- Exercise directions
The expected output is each line below containing "ORIGINALE", copied in full.

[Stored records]

▽

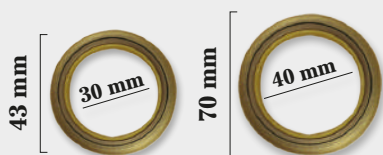

Soporte Lateral	
20 Ø	30 Ø

Anilla Doble Barra	

Adaptador Riel	

Soporte Riel / Estor no incluido en el precio

Anilla con Teflón	
20 Ø	30 Ø

Barra Bronce 1mts.	
20 Ø	30 Ø

Codo Articulado	
20 Ø	30 Ø

Rosetón Bronce	
Unid. Caja	Unid. Suelta

## CONJUNTO BRONCE 20 Ø COMPOSICIÓN "A" (Sin terminales)

(SOPORTES / BARRA BRONCE LATÓN / ANILLAS)

MEDIDAS	FRENTE (SIN ANILLAS)	FRENTE	TECHO (SIN ANILLAS)	TECHO	DOBLE FRENTE 20/20Ø (SIN ANILLAS)	DOBLE FRENTE 20/20Ø	DOBLE TECHO 20/20Ø (SIN ANILLAS)	DOBLE TECHO 20/20Ø	SOP.
1,00									2
1,50									2
2,00									2
2,50									3
3,00									3
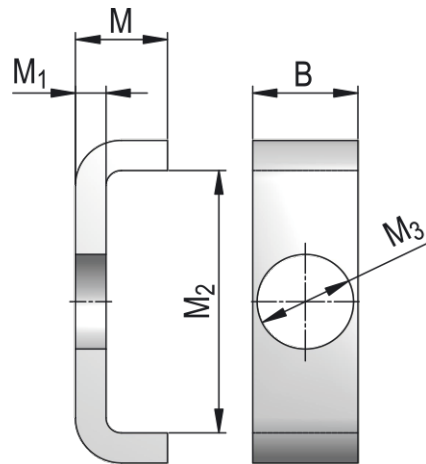

Locking clip

Designation	MSL/560	Washer	M16X30
-------------	---------	--------	--------

Dimensions (mm)

B	40
M	21
M ₁	7
M ₂	29
M ₃	18

Weight [kg]	0,140
-------------	-------
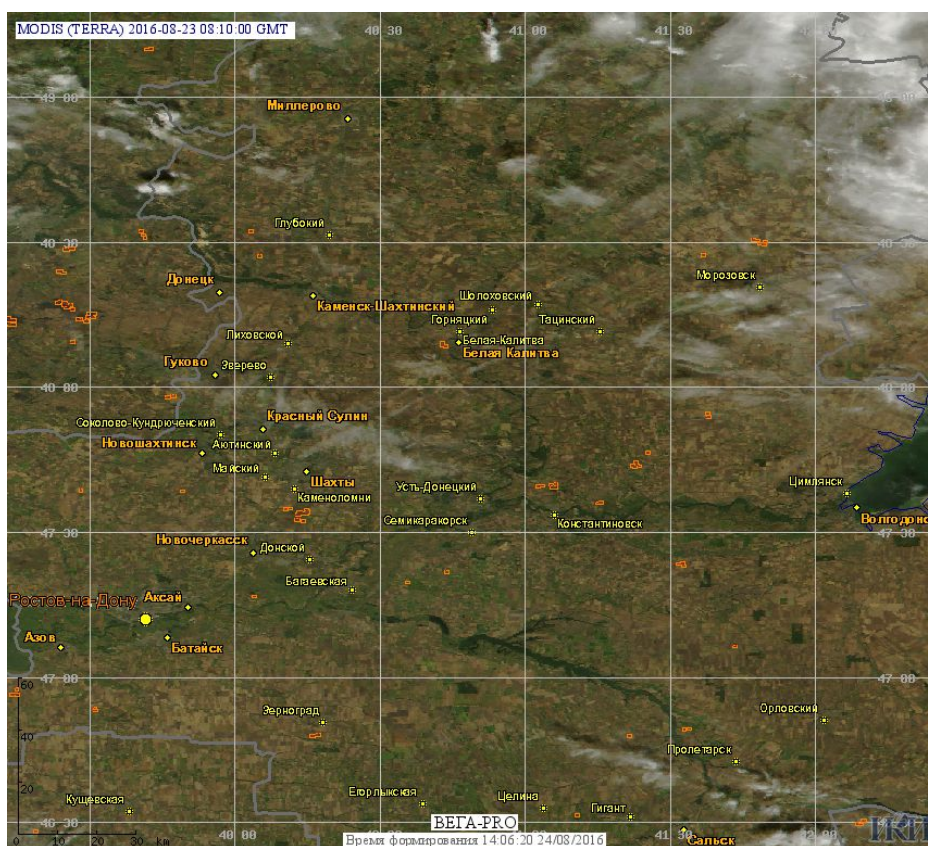

Пожарная ситуация в России по спутниковым данным

(обзор ситуации за 23.08.2016)

Всего за сутки **23.08.2016** на территории Российской Федерации (на всех видах территорий, включая сельскохозяйственные земли) по данным спутников Terra и Aqua наблюдалось **174 природных пожара** с активным горением, на которых было зарегистрировано **345 горячих точек**.

По предварительной оценке огнем могло быть затронуто около 1,0 тыс га территории, покрытой лесом.

Для сравнения: **23.08.2015** года на территории России всего наблюдалось **268 природных пожаров**, на которых было зарегистрировано 3778 горячих точек. Из них пожаров, затронувших территорию, покрытую лесом, было 208, на которых было детектировано 3660 горячих точек.

Максимальное число активных пожаров наблюдалось в Сибирском федеральном округе (162), в том числе, на территории Республики Бурятия (90). На них было зарегистрировано 3351 (Сибирский федеральный округ) и 2272 (Республика Бурятия) горячих точек.

Огнем было затронуто около 69,6 тыс га территории, покрытой лесом.

Рис. 1 Сельскохозяйственные палы в Ростовской области

Рис. 2 Пожары в Ханты-Мансийском а.о. - Югре

Рис. 3 Пожары в Томской области

(Информация подготовлена на основе данных центров приема НИЦ "Планета" (<http://planet.iitp.ru/index1.html>), спутникового сервиса ВЕГА (<http://pro-vega.ru>) и открытых зарубежных источников)
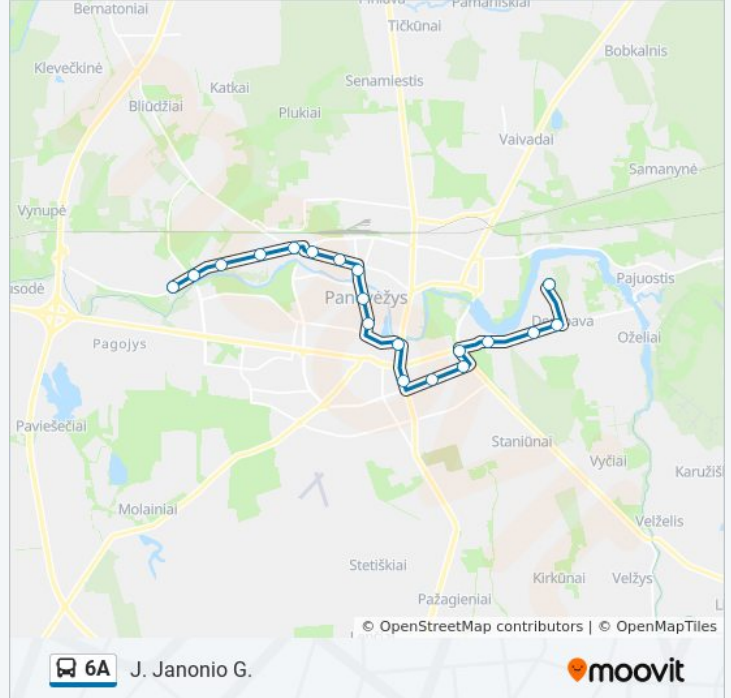

6A autobusas informacija

Kryptis: J. Janonio G.

Stotelės: 19

Kelionės trukmė: 28 min

Maršruto apžvalga:

J. Janonio G.

Kryptis: Pažalvaičių G.

22 stotelė
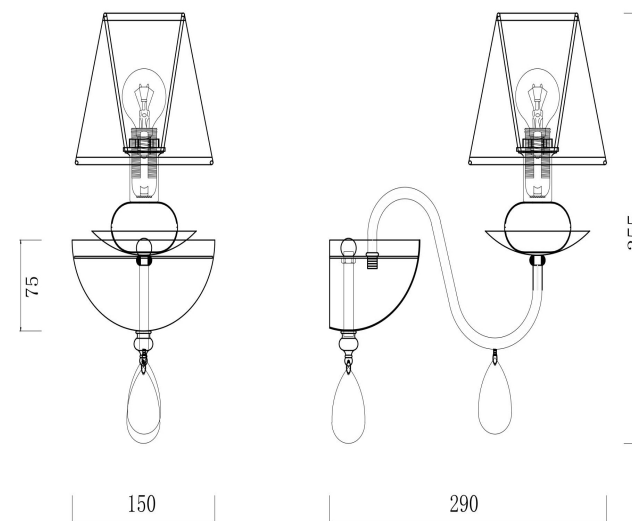

freya

Инструкция FR5756-WL-01-W

1xE14 40W

Модель: FR5756-WL-01-W

Коллекция: Modern

Серия: Eliza

Настенный светильник
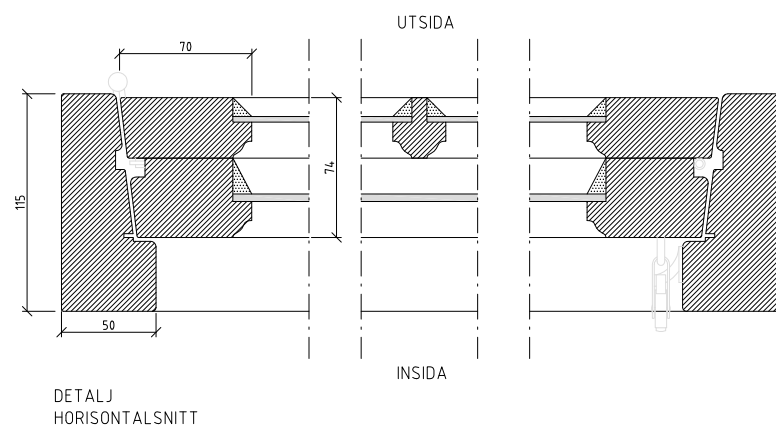

# A

UPPSTÄLLNINGSRITNING - ELEVATION

UPPSTÄLLNINGSRITNING - PLAN

## VISBY TYP 5

SKALA  
DETALJER: 1:2 (A1), 1:4 (A3)  
UPPSTÄLLNING: 1:10 (A1), 1:20 (A3)

**BESKRIVNING**  
VISBY-DÖRR TYP5 ÄR EN FÖNSTERDÖRR MED  
UTÅTGÅENDE SLAGNING.  
BESLAGNINGEN ÄR ENKEL OCH STILREN MED  
REFERENSER TILL TIDIGARE GENERATIONERS FÖNSTER.
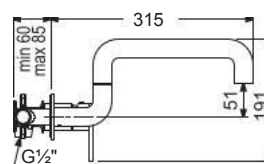

CHROME

ARMANDO
VICARIO

Laundry

Chrome

Εντοιχισμού με περιστρεφόμενο ρουξούνι.

CHROME

ΑΝΩ ΡΟΗΣ

eurorama
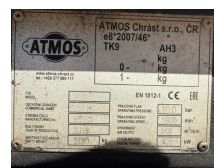

## Caterpillar C7.1 Atmos PDC 190 Diesel Compressor 24,6 m3 / min 10 Bar

<b>Category</b>	Compressor
<b>Year</b>	2019
<b>Stocknumber</b>	0006806
<b>Compressor type</b>	schroef
<b>Capacity</b>	24.600 l/m
<b>Price (ex btw)</b>	€ 12.950,-
<b>Fuel</b>	Diesel
<b>Operating hours</b>	2.342 h
<b>Power</b>	205 kW (279 PK)
<b>Length</b>	375 cm
<b>Width</b>	194 cm
<b>Height</b>	230 cm

### Description

Te koop

Atmos PDC 190 Caterpillar C7.1 Diesel Compressor 24,6 m3 / min 10 Bar Air Compressor

3 stuks op voorraad, zie onze website [www.homborg.nl](http://www.homborg.nl) voor ons complete aanbod !

#### Set

Merk : Atmos

Model : PDC 190

Prod nr. : 98685

Bouwjaar : 2019

Afmetingen : 375 x 194 x 230 ( L x B x H in cm )

Capaciteit : 24,6 m3 / min

maximale werkdruk : 710 bar
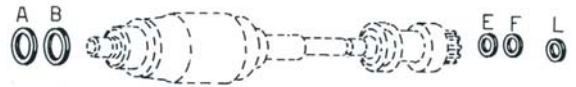

066915 00

**RIF. ORIGINALE/ORIGINAL P. N.
FIAT**

4277953

APPLICAZIONI/APPLICATIONS
FIAT: 126

090101 00

**KIT DI RONDELLE
WASHERS KITS**

RIF. ORIGINALE/ORIGINAL P. N.

A 020103 00

B 020104 00

B 020105 00

E 020101 00

F 020103 00

L 020102 00

APPLICAZIONI/APPLICATIONS
FIAT: 500 -600 -126 -1100R

**KIT DI RONDELLE
WASHERS KITS**

090123 00

△

- Response
**RIF. ORIGINALE/ORIGINAL P. N.
RIF. ORIGINALE/ORIGINAL P. N.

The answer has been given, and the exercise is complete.